======== MATERIAL PROVIDED

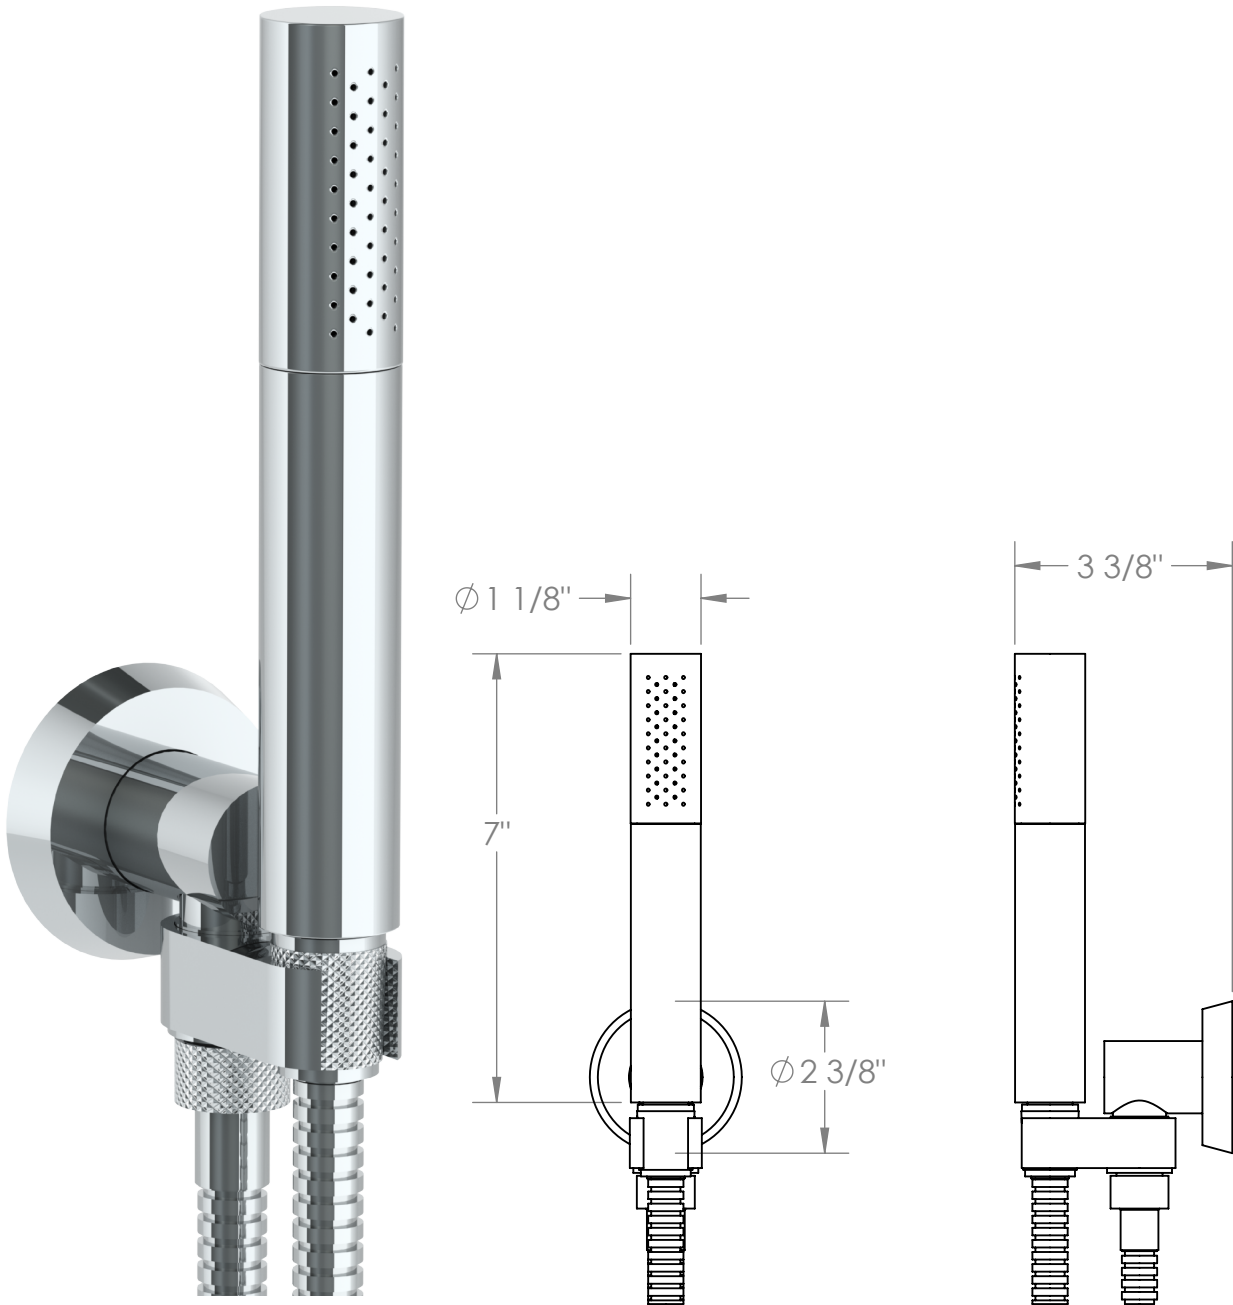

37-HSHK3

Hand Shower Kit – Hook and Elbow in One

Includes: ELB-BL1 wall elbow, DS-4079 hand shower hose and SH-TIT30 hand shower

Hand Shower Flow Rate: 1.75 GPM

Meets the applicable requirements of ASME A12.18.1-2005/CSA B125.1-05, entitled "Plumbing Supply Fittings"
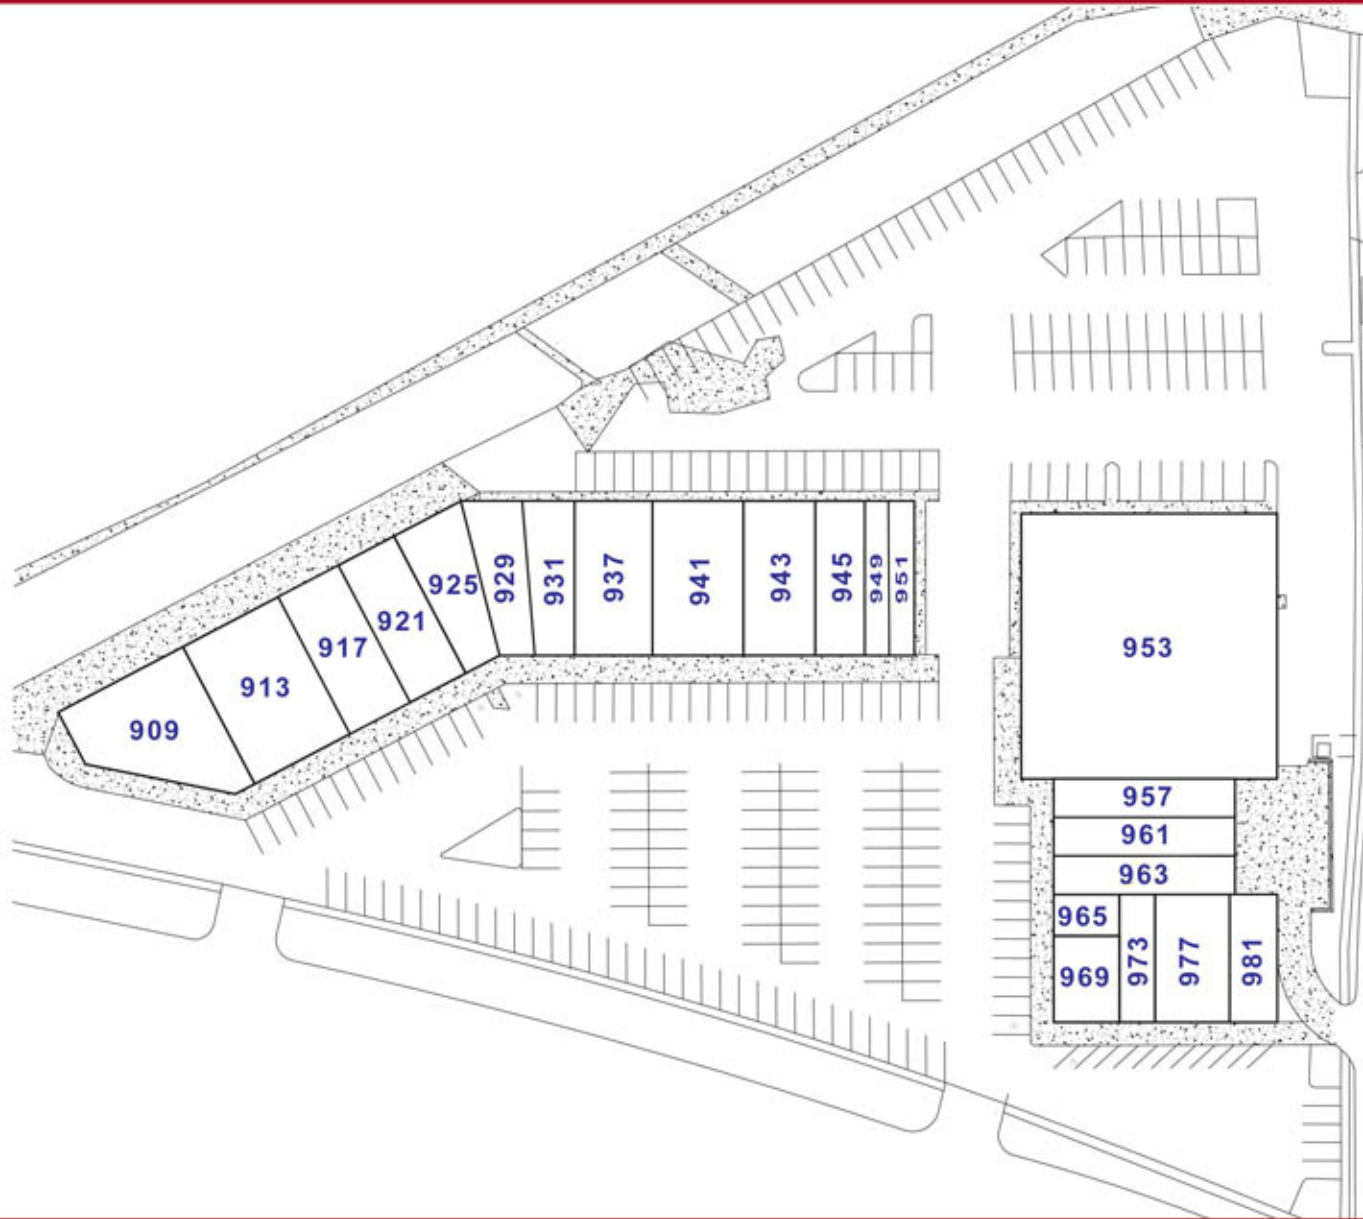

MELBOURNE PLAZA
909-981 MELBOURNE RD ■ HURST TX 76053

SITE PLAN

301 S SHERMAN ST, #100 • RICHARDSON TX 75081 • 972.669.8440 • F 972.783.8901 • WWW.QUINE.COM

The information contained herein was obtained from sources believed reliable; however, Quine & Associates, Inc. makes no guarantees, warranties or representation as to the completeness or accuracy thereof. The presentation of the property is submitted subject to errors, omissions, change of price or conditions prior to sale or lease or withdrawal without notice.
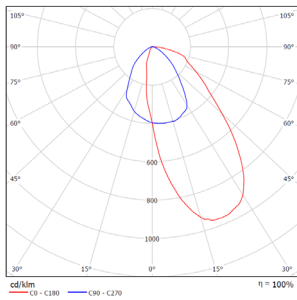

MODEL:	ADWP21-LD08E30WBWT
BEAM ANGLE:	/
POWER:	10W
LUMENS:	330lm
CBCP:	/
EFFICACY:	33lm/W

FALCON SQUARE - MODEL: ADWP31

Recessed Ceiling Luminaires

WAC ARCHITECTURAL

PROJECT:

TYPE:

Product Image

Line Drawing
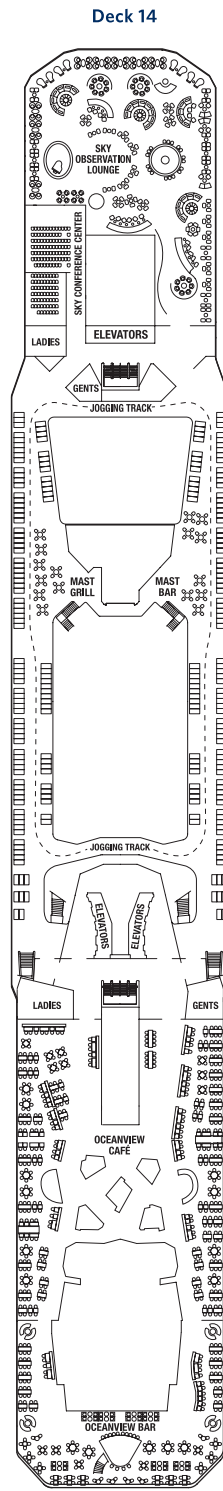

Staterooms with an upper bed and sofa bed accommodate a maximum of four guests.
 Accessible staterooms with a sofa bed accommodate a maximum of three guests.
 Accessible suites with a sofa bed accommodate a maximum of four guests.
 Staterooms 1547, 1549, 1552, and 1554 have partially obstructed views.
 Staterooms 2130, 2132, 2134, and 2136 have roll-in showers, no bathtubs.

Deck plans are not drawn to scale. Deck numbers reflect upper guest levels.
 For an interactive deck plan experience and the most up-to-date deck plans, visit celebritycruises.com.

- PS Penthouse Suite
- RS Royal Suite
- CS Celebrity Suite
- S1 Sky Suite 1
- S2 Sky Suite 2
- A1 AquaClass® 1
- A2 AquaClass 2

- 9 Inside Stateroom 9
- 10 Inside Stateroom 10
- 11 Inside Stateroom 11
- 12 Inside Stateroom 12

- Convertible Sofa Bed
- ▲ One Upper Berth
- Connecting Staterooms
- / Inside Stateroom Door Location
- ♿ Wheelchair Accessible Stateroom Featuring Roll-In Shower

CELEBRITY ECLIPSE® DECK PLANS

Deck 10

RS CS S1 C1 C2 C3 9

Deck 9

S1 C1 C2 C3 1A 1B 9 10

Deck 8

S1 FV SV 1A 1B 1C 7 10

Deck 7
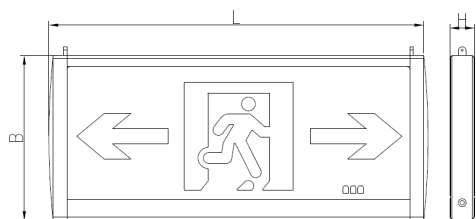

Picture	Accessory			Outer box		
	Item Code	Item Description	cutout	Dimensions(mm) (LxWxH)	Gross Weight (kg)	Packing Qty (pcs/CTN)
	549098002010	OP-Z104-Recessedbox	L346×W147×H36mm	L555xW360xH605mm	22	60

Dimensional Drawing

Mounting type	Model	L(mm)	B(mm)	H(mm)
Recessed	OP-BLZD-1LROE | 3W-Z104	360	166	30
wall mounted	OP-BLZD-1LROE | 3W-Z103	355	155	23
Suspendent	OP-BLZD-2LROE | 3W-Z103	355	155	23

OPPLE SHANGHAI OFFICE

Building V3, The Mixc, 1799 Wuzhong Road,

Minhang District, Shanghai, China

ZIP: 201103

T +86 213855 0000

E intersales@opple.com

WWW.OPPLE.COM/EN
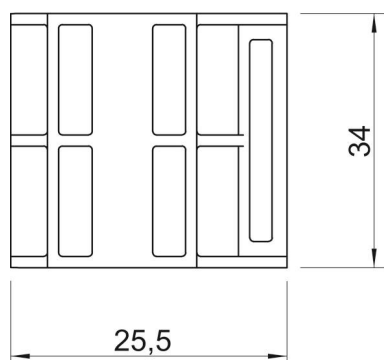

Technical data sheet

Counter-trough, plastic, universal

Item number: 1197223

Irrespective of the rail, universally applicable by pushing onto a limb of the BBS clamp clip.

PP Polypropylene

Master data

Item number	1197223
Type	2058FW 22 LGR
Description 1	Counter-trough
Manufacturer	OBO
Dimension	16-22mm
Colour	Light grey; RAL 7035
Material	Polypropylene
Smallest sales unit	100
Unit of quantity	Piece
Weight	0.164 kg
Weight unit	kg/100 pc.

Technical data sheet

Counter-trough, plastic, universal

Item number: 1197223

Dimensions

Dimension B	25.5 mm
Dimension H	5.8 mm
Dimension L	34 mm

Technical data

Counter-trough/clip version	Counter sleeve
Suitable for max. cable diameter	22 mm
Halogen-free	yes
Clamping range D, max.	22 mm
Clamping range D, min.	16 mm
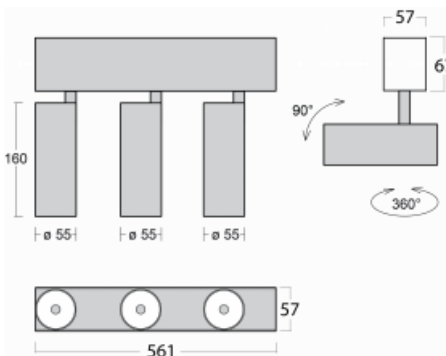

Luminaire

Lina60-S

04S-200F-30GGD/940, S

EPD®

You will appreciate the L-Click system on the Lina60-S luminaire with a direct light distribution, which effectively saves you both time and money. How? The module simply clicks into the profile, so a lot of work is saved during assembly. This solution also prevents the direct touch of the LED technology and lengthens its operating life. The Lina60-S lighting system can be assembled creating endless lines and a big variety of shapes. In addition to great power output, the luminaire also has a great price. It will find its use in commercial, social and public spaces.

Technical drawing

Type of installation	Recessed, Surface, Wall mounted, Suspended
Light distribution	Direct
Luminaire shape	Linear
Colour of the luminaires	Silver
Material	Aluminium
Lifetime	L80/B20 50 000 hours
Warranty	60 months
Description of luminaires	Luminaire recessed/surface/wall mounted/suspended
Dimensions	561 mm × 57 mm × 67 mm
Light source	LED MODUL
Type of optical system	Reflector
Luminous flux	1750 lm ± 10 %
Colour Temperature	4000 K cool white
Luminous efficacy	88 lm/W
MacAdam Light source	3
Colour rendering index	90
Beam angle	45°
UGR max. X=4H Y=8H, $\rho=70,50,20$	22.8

================

Repeat the entries exactly as they are given, leaving out each image.

◆ **TASK RESULT**
37-HSHK3

Hand Shower Kit – Hook and Elbow in One

Includes: ELB-BL1 wall elbow, DS-4079 hand shower hose and SH-TIT30 hand shower

Hand Shower Flow Rate: 1.75 GPM

Meets the applicable requirements of ASME A12.18.1-2005/CSA B125.1-05, entitled "Plumbing Supply Fittings"

MELBOURNE PLAZA
909-981 MELBOURNE RD ■ HURST TX 76053

SITE PLAN

301 S SHERMAN ST, #100 • RICHARDSON TX 75081 • 972.669.8440 • F 972.783.8901 • WWW.QUINE.COM

The information contained herein was obtained from sources believed reliable; however, Quine & Associates, Inc. makes no guarantees, warranties or representation as to the completeness or accuracy thereof. The presentation of the property is submitted subject to errors, omissions, change of price or conditions prior to sale or lease or withdrawal without notice.

MODEL:	ADWP21-LD08E30WBWT
BEAM ANGLE:	/
POWER:	10W
LUMENS:	330lm
CBCP:	/
EFFICACY:	33lm/W

FALCON SQUARE - MODEL: ADWP31

Recessed Ceiling Luminaires

WAC ARCHITECTURAL

PROJECT:

TYPE:

Product Image

Line Drawing

Staterooms with an upper bed and sofa bed accommodate a maximum of four guests.
 Accessible staterooms with a sofa bed accommodate a maximum of three guests.
 Accessible suites with a sofa bed accommodate a maximum of four guests.
 Staterooms 1547, 1549, 1552, and 1554 have partially obstructed views.
 Staterooms 2130, 2132, 2134, and 2136 have roll-in showers, no bathtubs.

Deck plans are not drawn to scale. Deck numbers reflect upper guest levels.
 For an interactive deck plan experience and the most up-to-date deck plans, visit celebritycruises.com.

- PS Penthouse Suite
- RS Royal Suite
- CS Celebrity Suite
- S1 Sky Suite 1
- S2 Sky Suite 2
- A1 AquaClass® 1
- A2 AquaClass 2

- 9 Inside Stateroom 9
- 10 Inside Stateroom 10
- 11 Inside Stateroom 11
- 12 Inside Stateroom 12

- Convertible Sofa Bed
- ▲ One Upper Berth
- Connecting Staterooms
- / Inside Stateroom Door Location
- ♿ Wheelchair Accessible Stateroom Featuring Roll-In Shower

CELEBRITY ECLIPSE® DECK PLANS

Deck 10

RS CS S1 C1 C2 C3 9

Deck 9

S1 C1 C2 C3 1A 1B 9 10

Deck 8

S1 FV SV 1A 1B 1C 7 10

Deck 7

Picture	Accessory			Outer box		
	Item Code	Item Description	cutout	Dimensions(mm) (LxWxH)	Gross Weight (kg)	Packing Qty (pcs/CTN)
	549098002010	OP-Z104-Recessedbox	L346×W147×H36mm	L555xW360xH605mm	22	60

Dimensional Drawing

Mounting type	Model	L(mm)	B(mm)	H(mm)
Recessed	OP-BLZD-1LROE | 3W-Z104	360	166	30
wall mounted	OP-BLZD-1LROE | 3W-Z103	355	155	23
Suspendent	OP-BLZD-2LROE | 3W-Z103	355	155	23

OPPLE SHANGHAI OFFICE

Building V3, The Mixc, 1799 Wuzhong Road,

Minhang District, Shanghai, China

ZIP: 201103

T +86 213855 0000

E intersales@opple.com

WWW.OPPLE.COM/EN

Technical data sheet

Counter-trough, plastic, universal

Item number: 1197223

Irrespective of the rail, universally applicable by pushing onto a limb of the BBS clamp clip.

PP Polypropylene

Master data

Item number	1197223
Type	2058FW 22 LGR
Description 1	Counter-trough
Manufacturer	OBO
Dimension	16-22mm
Colour	Light grey; RAL 7035
Material	Polypropylene
Smallest sales unit	100
Unit of quantity	Piece
Weight	0.164 kg
Weight unit	kg/100 pc.

Technical data sheet

Counter-trough, plastic, universal

Item number: 1197223

Dimensions

Dimension B	25.5 mm
Dimension H	5.8 mm
Dimension L	34 mm

Technical data

Counter-trough/clip version	Counter sleeve
Suitable for max. cable diameter	22 mm
Halogen-free	yes
Clamping range D, max.	22 mm
Clamping range D, min.	16 mm

Luminaire

Lina60-S

04S-200F-30GGD/940, S

EPD®

You will appreciate the L-Click system on the Lina60-S luminaire with a direct light distribution, which effectively saves you both time and money. How? The module simply clicks into the profile, so a lot of work is saved during assembly. This solution also prevents the direct touch of the LED technology and lengthens its operating life. The Lina60-S lighting system can be assembled creating endless lines and a big variety of shapes. In addition to great power output, the luminaire also has a great price. It will find its use in commercial, social and public spaces.

Technical drawing

Type of installation	Recessed, Surface, Wall mounted, Suspended
Light distribution	Direct
Luminaire shape	Linear
Colour of the luminaires	Silver
Material	Aluminium
Lifetime	L80/B20 50 000 hours
Warranty	60 months
Description of luminaires	Luminaire recessed/surface/wall mounted/suspended
Dimensions	561 mm × 57 mm × 67 mm
Light source	LED MODUL
Type of optical system	Reflector
Luminous flux	1750 lm ± 10 %
Colour Temperature	4000 K cool white
Luminous efficacy	88 lm/W
MacAdam Light source	3
Colour rendering index	90
Beam angle	45°
UGR max. X=4H Y=8H, $\rho=70,50,20$	22.8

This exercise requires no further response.